The skiff dropped us off on a sandy beach after expertly manoeuvring through the coral heads near the beach in Banam Bay. Stretching, we looked around. The trunks of palm trees and the branches of mahogany trees bent and sheltered the shore – offering us a canopy as the rain began to pelt down -warm and furious – bringing with it the sweet smells of wet bananas and coconut, flowers and earth. It seemed at first that we were alone on this beach – but then we heard the sound of a pick-up truck barrelling down a dirt road and we remembered. There was a village of people just around the curve and another village of people a kilometre or so down the road.

The Captain had already been ashore that day. He had taken a group of people and a few gifts and spent an hour or two with his good friend Chief Saitol – catching up on the years, making introductions and planning a ‘program’ for the crew. The Chief likes to plan a ‘program’. On the first day the program included exploration, meetings and greetings of our own and, in this particular moment, some shelter. We walked through the sheets of rain until we saw a long, covered building and then we headed for that. It turned out that we had stumbled upon the meeting house – where National assemblies for Vanuatu were held, chiefs met to discuss matters of local interest and communities gathered. We huddled on the benches and attempted to wait out the rain. Several children from the village also had the same idea and as the rain pelted down we played games and when our ideas for entertainment had run dry we risked stepping outside. Life continued as usual. No one carried umbrellas, but instead used banana and pandanus leaves to keep themselves dry as they went about their daily activities. They offered us some, which we gladly and thankfully accepted, and walked off down the long road road lined with coconut palms and banana trees.

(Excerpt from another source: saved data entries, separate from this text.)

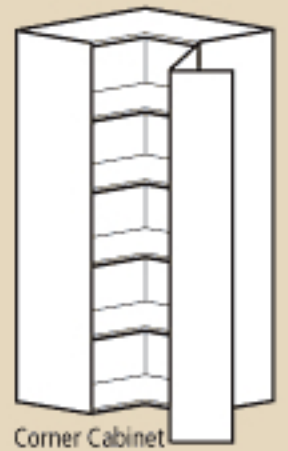

Lowerers

24" and 30" heights, single or double doors, or drawer configurations. "Stretchable" door cabinets available to fit any dimension up to 48" wide (see Speciality Cabinets below)

Upper Cabinets

OVER 25 CHOICES

Lower Cabinets

OVER 50 CHOICES

Storage Cabinets

49" and 79" cabinet heights. Single or double door styles in a wide variety of configurations of doors and drawers. Adjustable shelves included.

OVER 250 CHOICES

Specialty Cabinets

Lower cabinets include a rolling tool cart, waste bins, and other specialty storage cabinets. 79" cabinets include lockers, garage closet and "stretchable" door cabinets in any width up to 48".
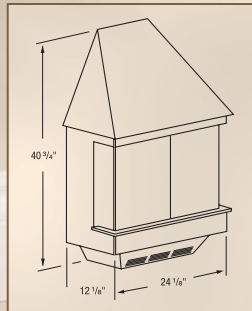

# Copper Wall Mount Fireplace

With its quiet, instant heat and eye-catching design, the Copper electric wall mount fireplace offers you comfort and style. The classic design and warm copper finish will complement many décors. A panoramic wrap-around window and patented flame technology allow you to enjoy the ambiance of a real fire from any viewing angle.

CAT#	UPC#	Watts	Volts	Amps	BTUs	Pkg Weight	Dimensions D x W x H	Carton Cube
EWM-COPPER	781052039100	1440	120V	12A	4910	75 lb	Product: 12 1/8" x 24 1/8" x 40 3/4" Carton: 14 1/4" x 25 1/2" x 44 1/4"	9.3ft <sup>3</sup>
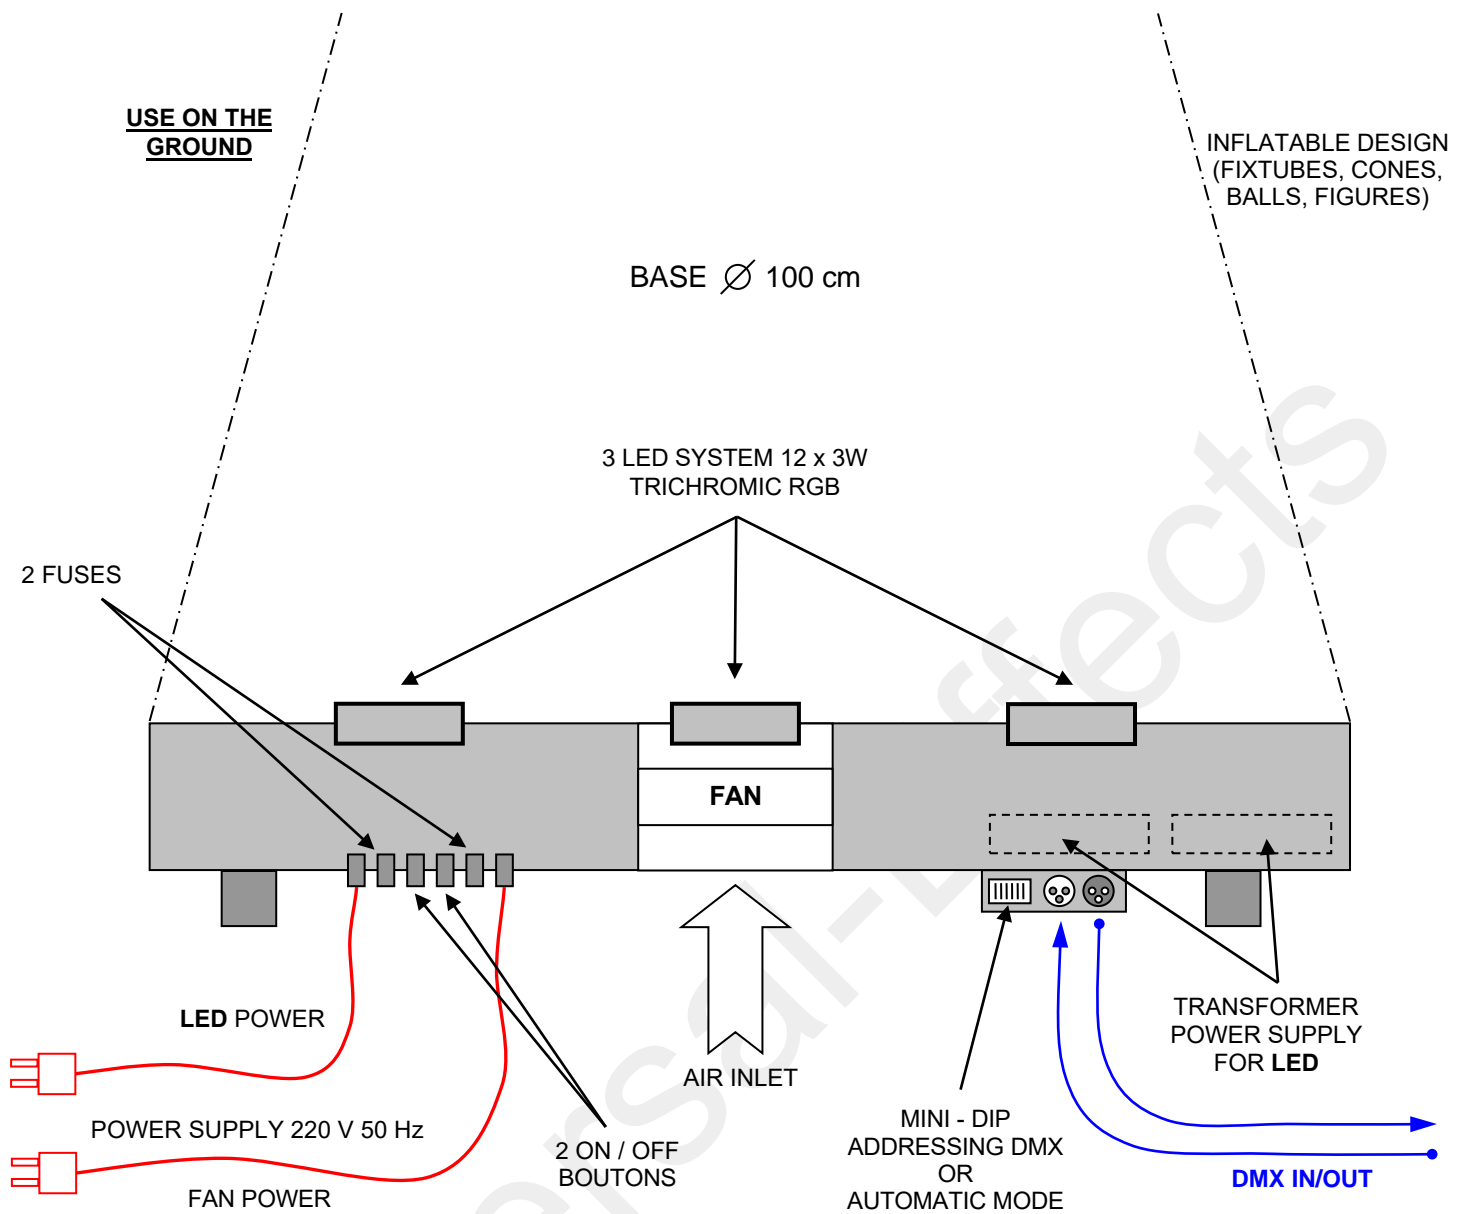

# TECHNICAL DIAGRAM – AROMADESIGN DECOAIR LED 1000

## HANGING USE

SCREWS & STAINLESS HARDWARE - ALUMINUM BODY - LITTLE NOISE
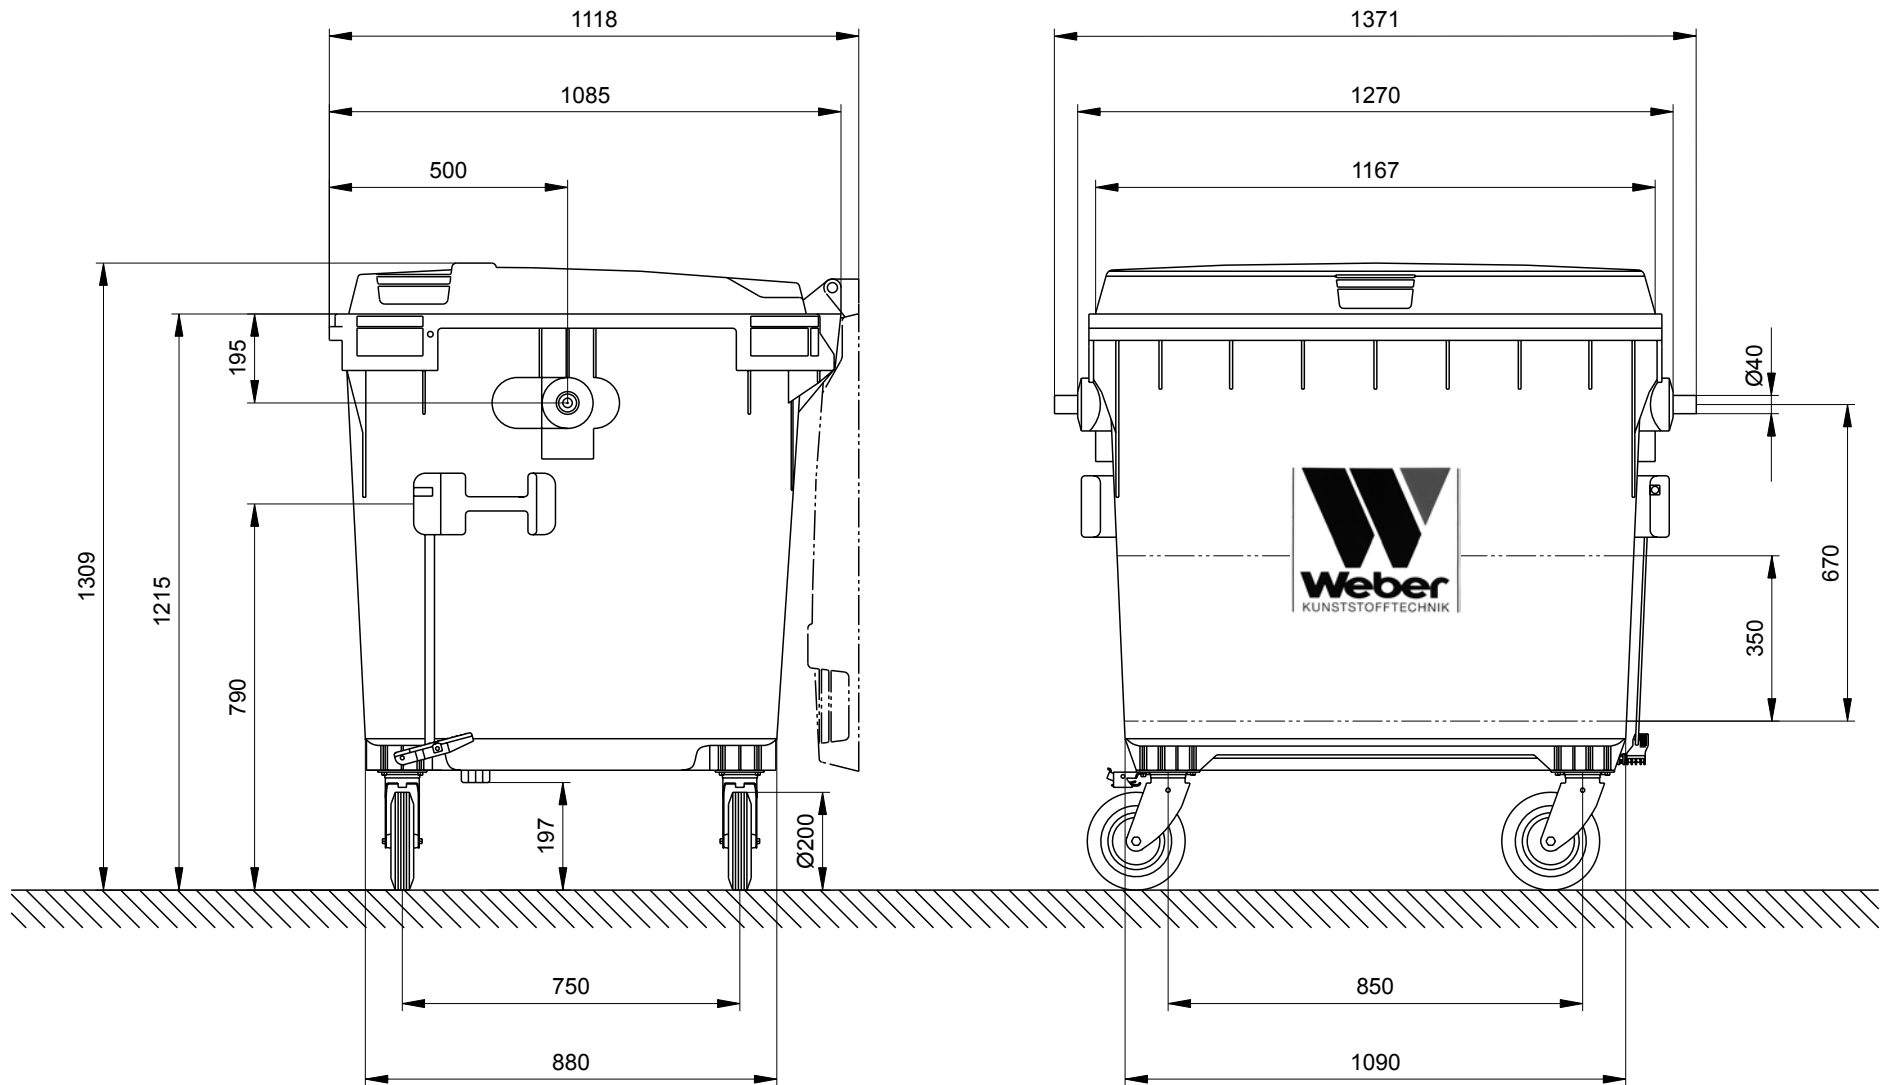

## Dimensions of the 1100 Litre Flat Lid CLASSIC

### Sizes and Measures

Mobile Garbage Bins MGB 1100 Litre Flat Lid CLASSIC  
Sizes, Measures, Dimensions: Height 1309 mm · Width 1371 mm · Depth 1085 mm  
We reserve the right to make any dimensional and constructional alterations at any  
time. Dimensions can vary slightly after manufacture.
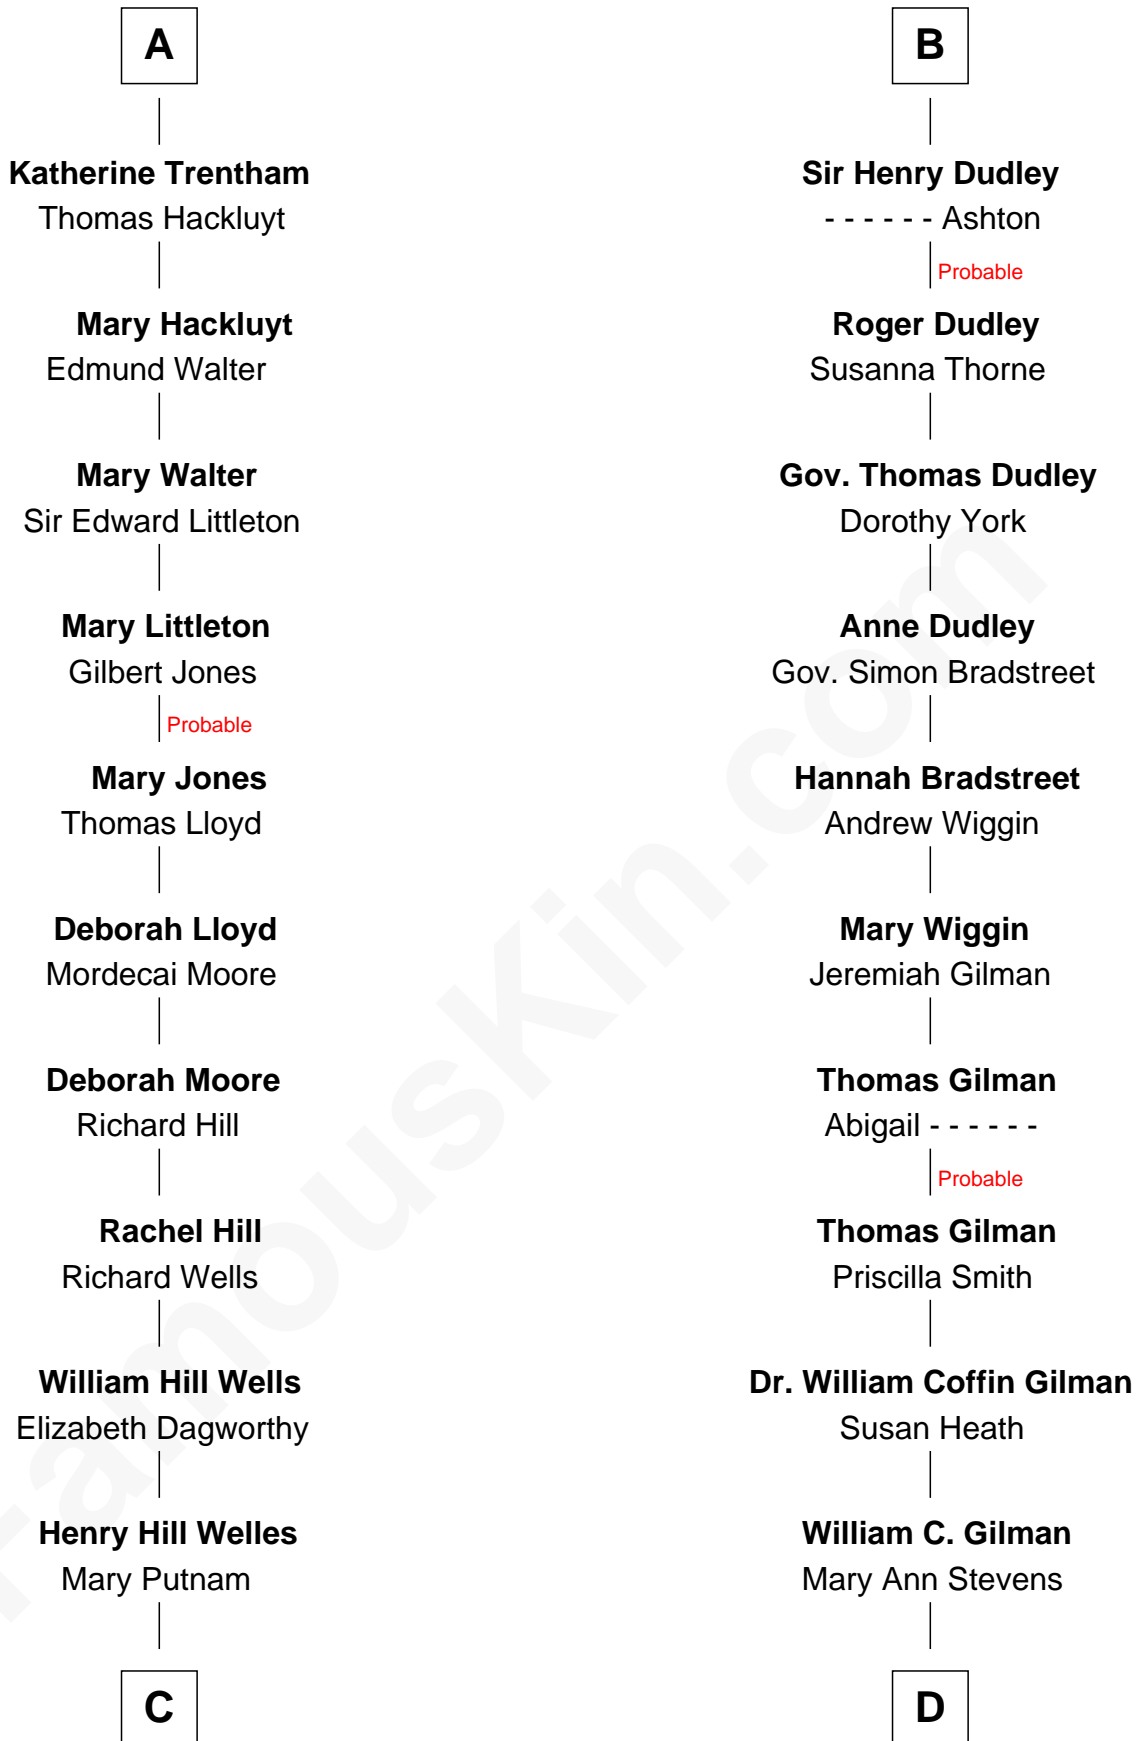

FamousKin.com

Relationship Chart of

Orson Welles

Radio, Stage, and Movie Actor

19th cousin 1 time removed of

George Hamilton
TV and Movie Actor

Ralph de Stafford
Margaret de Audley

Elizabeth de Stafford

Sir Walter Devereux

Elizabeth Devereux

Sir Richard Corbet

Elizabeth Corbet

Thomas Trentham

A

Beatrice de Stafford

Thomas de Ros

Margaret de Ros

Sir Reynold Grey

Margaret Grey

Sir William Bonville

William Bonville

Elizabeth Harington

William Bonville

Katherine Neville

Cecily Bonville

Thomas Grey

Cecily Grey

Sir John Sutton

B

C

Richard Jones Welles

Mary Blanche Head
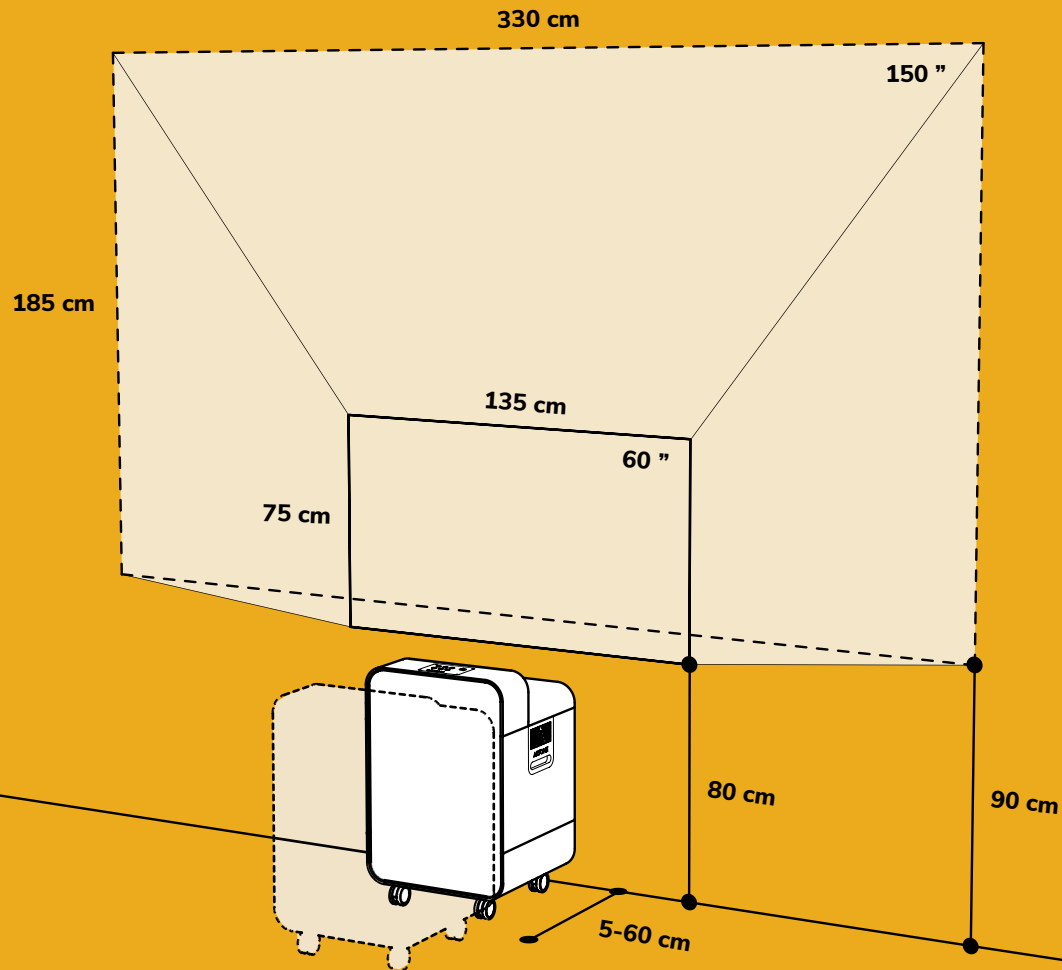

HDBT (located in the backpanel)

Video and audio transmission

ARTOME M10

General specs

Name	Artome M10
Product code	43030-002
Materials	Birch plywood, MDF, metal, aluminium
Dimensions	(W x H x D) 52 x 80 x 47,5 cm
Weight	49 kg
19" rack	3 U
Package size	(W x H x D) 80 x 94 x 60 cm
Number of packages	1
Warranty	24 kk Projector 5 years or 12000 h

Technical specs

Projector	Epson EB-805F
Resolution	Full HD 1080p, 1920 x 1080, 16:9
Brightness	5000 lm
Sound	Embedded 2.1 -speaker system Max. SPL 108 dB @ 1 m
Image size	60"-150"
Connections	HDMI in x2 HDMI out Mic in x2 Stereo audio out (balanced) HDBaseT
Controls	Power, Source, Vol +/-, Pause, Freeze
Artome+	Artome HybriDock® USB 3.0 hub Power delivery for peripherals USB audio interface
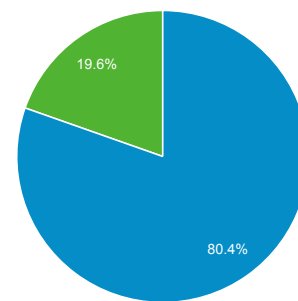

Users

45

New Users

41

Sessions

63

Number of Sessions per User

1.40

Pageviews

292

Pages / Session

4.63

Avg. Session Duration

00:03:50

Bounce Rate

33.33%

New Visitor Returning Visitor
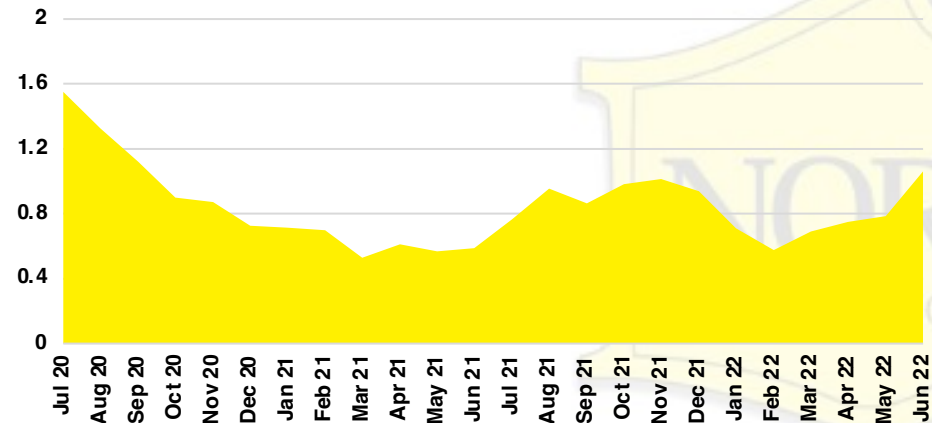

BANKS COUNTY INVENTORY BY PRICE POINT

BARROW COUNTY QUICK N'DICATORS

BARROW COUNTY SALES VOLUME VS SUPPLY

BARROW COUNTY INVENTORY MONTHS OF SUPPLY

BARROW COUNTY 12 MONTH AVERAGE SALES PRICE

BARROW COUNTY SALES BY PRICE POINT

BARROW COUNTY INVENTORY BY PRICE POINT

CHEROKEE COUNTY QUICK N'DICATORS

CHEROKEE COUNTY SALES VOLUME VS SUPPLY

CHEROKEE COUNTY INVENTORY MONTHS OF SUPPLY

CHEROKEE COUNTY 12 MONTH AVERAGE SALES PRICE

CHEROKEE COUNTY SALES BY PRICE POINT

Language is incredibly fascinating in Vanuatu. You can walk from one village to the next – and in this instance that meant 15 minutes down the road – and you will encounter a completely different dialect. Not only that, but in general the people from one village do not know the greetings of the next. That is why Vanuatu has a common language called Bislama (Pigeon English); Bislama comes from the French ‘beche-le-mer’ meaning ‘mouth of the sea’ or “Pigeon” English; which is a corruption of the English for “Business English” – one that everybody understands, from village to village and island to island. Smart. It allows them to retain individual and local identity, while being able to interact politically and conduct general business. In Chief Saitol’s village when you say hello you say (phonetically), “bwa la su”, but when you are in Chief Jamie’s village you say “Bwa la lay”. In Chief Saitol’s village you say “Sipa lambone” when you want to say thank you very much, whereas in Chief Jamie’s you say “Siba”. “Mifko” or “Mimco” mean good evening and in both cases the response is “Mo”. Tiina and Ollie turned out to be the language aficionados of the crew – meeting and greeting like they had been there their whole lives. If you did mix the greetings up, the children either looked at you in a politely confused manner, or they laughed and corrected you – thinking you just silly. However, with Bislama folks can effectively communicate throughout Vanuatu, the Solomons and New Guinea in one tounge.

And the children are everywhere. Shy perhaps at first. Timid and giggly – they will approach you and then at the slightest movement run away or hide. This phase does not last long. If you play with them, indulge them or chase them they will shriek with glee, copy your every move and follow you wherever you go. Many of the crew spent the first afternoon skipping down the road from village to village – occassionally stopping to play a game of tag with the children or meet with the adults. Taia thrilled the kids by playing hop-scotch with them and later by performing some Cook Islands dancing. Nadja and Logan were the first (but not the last) to discover that the children loved hair and they came home from the first skiff run with braid after tiny braid that took days to remove. Anybody with a camera was a big hit – as the kids loved posing for the camera and then seeing their pictures. And singing. They loved to get sung to. Inevitably if you are surrounded by a group of children they will ask you to sing. And you had better have some good ones ready. Funny is preferable. Although it seemed like we were hilarious to them no matter what we did.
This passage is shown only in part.